MRMH: FatSegNet is optimized for the Rhineland Study, but could it be used for other abdominal MRI sequences?
Santiago: We have found that if you have Dixon images, the tool is able to generalize but might need some fine-tuning. What people could choose to do is to include the sequence of the Rhineland Study since it is only 40 seconds long, and our method is expected to work directly on those images.
Martin: Certainly, it would be best to include the Rhineland sequence. If you have already acquired data, you might need to fine-tune the network. We used 33 subjects (1700 slices in axial view) to train the deep learning models. For fine-tuning, a lower number is probably sufficient, but if the resolution changes, you would need to re-train the system from scratch.
MRMH: Talking about the number of training subjects, how did you settle on 33?
Santiago: We started with 20 cases and saw that it was working but the results were not generalizable to all cases, and so we asked our collaborators to label some more data.
Martin: Yes, it’s always difficult to know how good you really are. We took the cases where the network didn’t work well, had them manually segmented, and added them to the training set. That way you can select the training cases to span a wide variety of body shapes. And, of course, final validation needs to be performed on a variety of cases that were not used in training.
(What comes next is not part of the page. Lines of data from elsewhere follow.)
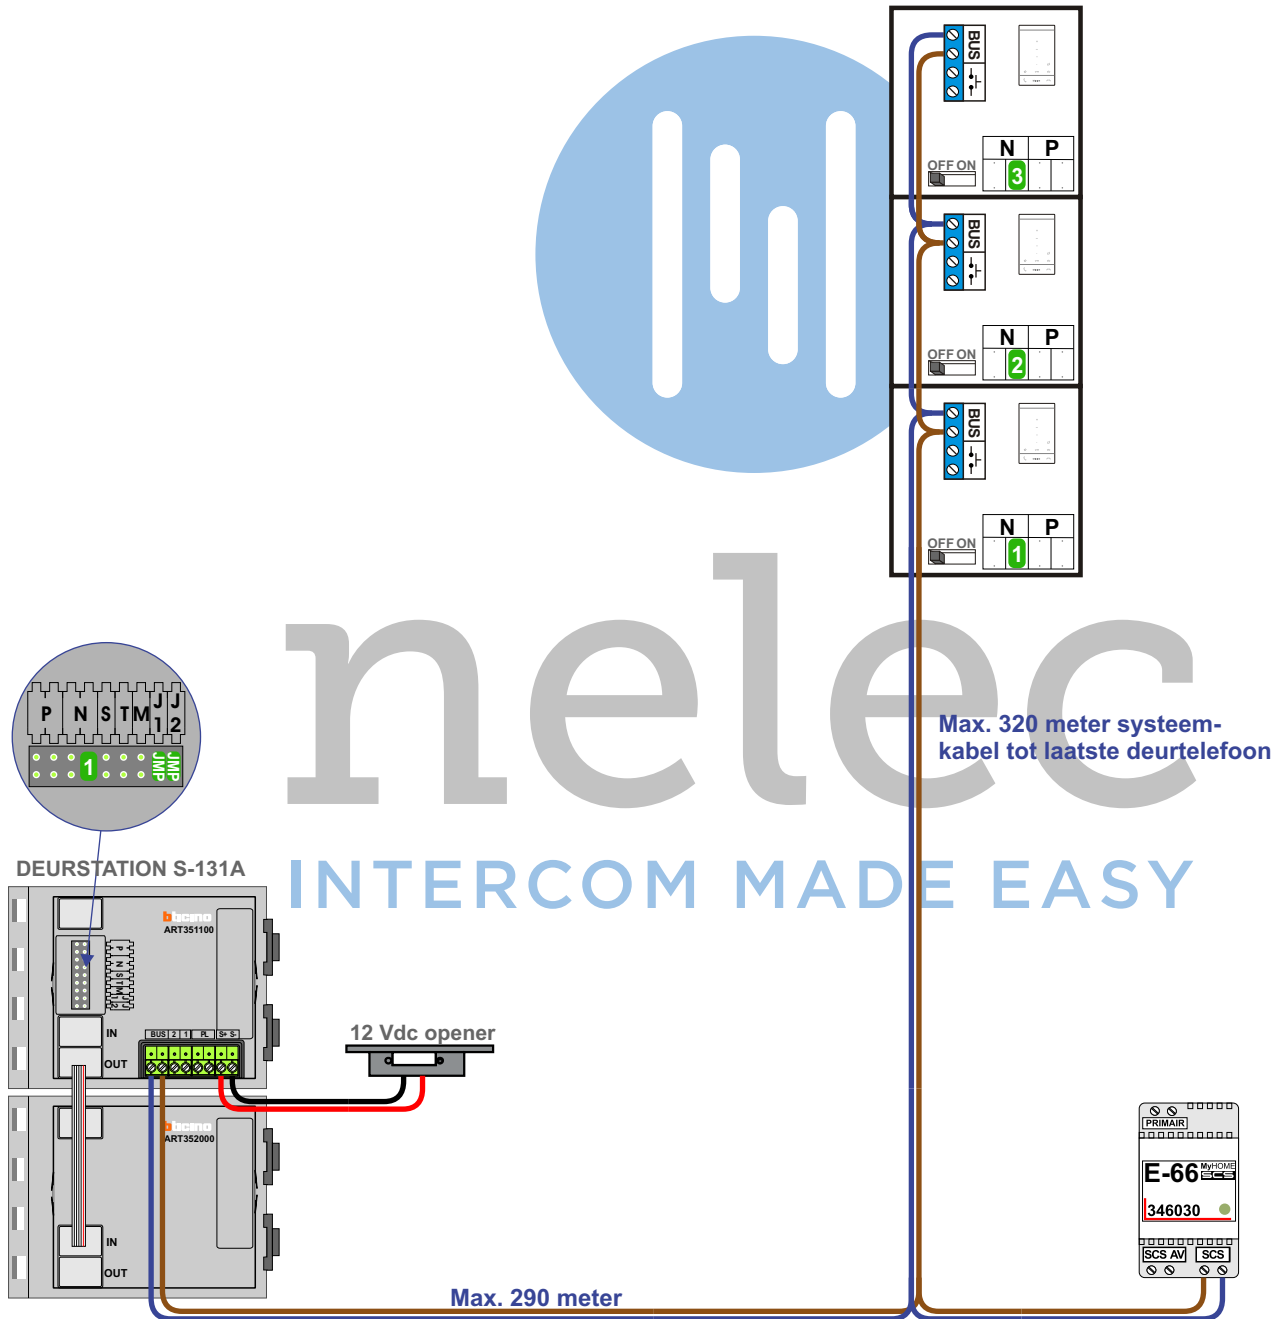

= systeemkabel
Bij andere getwiste kabel 66% afstand!
Bij ongetwiste kabel max. 50 meter buitenpost naar videfoon.
UTP op aanvraag.

TWEEDRAADS BUS

Bij monteren/demonteren spanning eraf voorkomt defecten!

Bij installaties zonder beeld maakt het niet uit hoe je de bus aansluit. De telefoons hoeven niet in serie en eindweerstand zijn niet nodig.

N-Waarde	Huisnummers	Eindweerstand
1	87	
2	89	
3	91

MRMH: This was your lab’s first non-neuroimaging project. How did you find the experience of venturing into the abdomen?
Santiago: Actually, it is easier to know what you are looking at! I am not a medical person, yet even I can see that a liver looks like a liver, and a kidney looks like a kidney, etc.
Martin: In the abdomen, you have such high variability. Brains are always more or less the same and there is not a lot of movement; in that sense I think neuroimaging is easier. But Santiago is right, most people are probably more familiar with the appearance of the structures in the abdomen.
MRMH: What have you been up to since this paper was written?
Santiago: I am now doing my PhD at the intersection between Martin’s group and population science (Prof. Breteler) on deep learning in large cohort studies. Currently, I am working on olfactory bulb segmentation. This is a really tiny structure that’s often overlooked and could play an important role in characterizing early stages of dementia.
Martin: One other project in my lab has been the development of a full-brain segmentation pipeline, called FastSurfer, that is capable of segmenting a brain MRI into close to 100 structures in under 1 minute with two orders of magnitude speedup. The core of this network is similar to the network introduced in this paper. More on our research can be found on our webpage https://deep-mi.org.
MRMH: Do you have anything else you would like to share with the MRI community?
Santiago: Deep learning has some clear advantages; for example, if you have a random error in your ground truth, the network will not learn it and random mistakes will be removed from the data.
Martin: I think there are three points I’d like to share: First, deep learning is now overtaking traditional approaches, sometimes even with respect to generalizability, which is surprising. Second, very large manual training data sets are not always necessary. Finally, manual ground truth can be wrong. So don’t always blindly trust ground truth!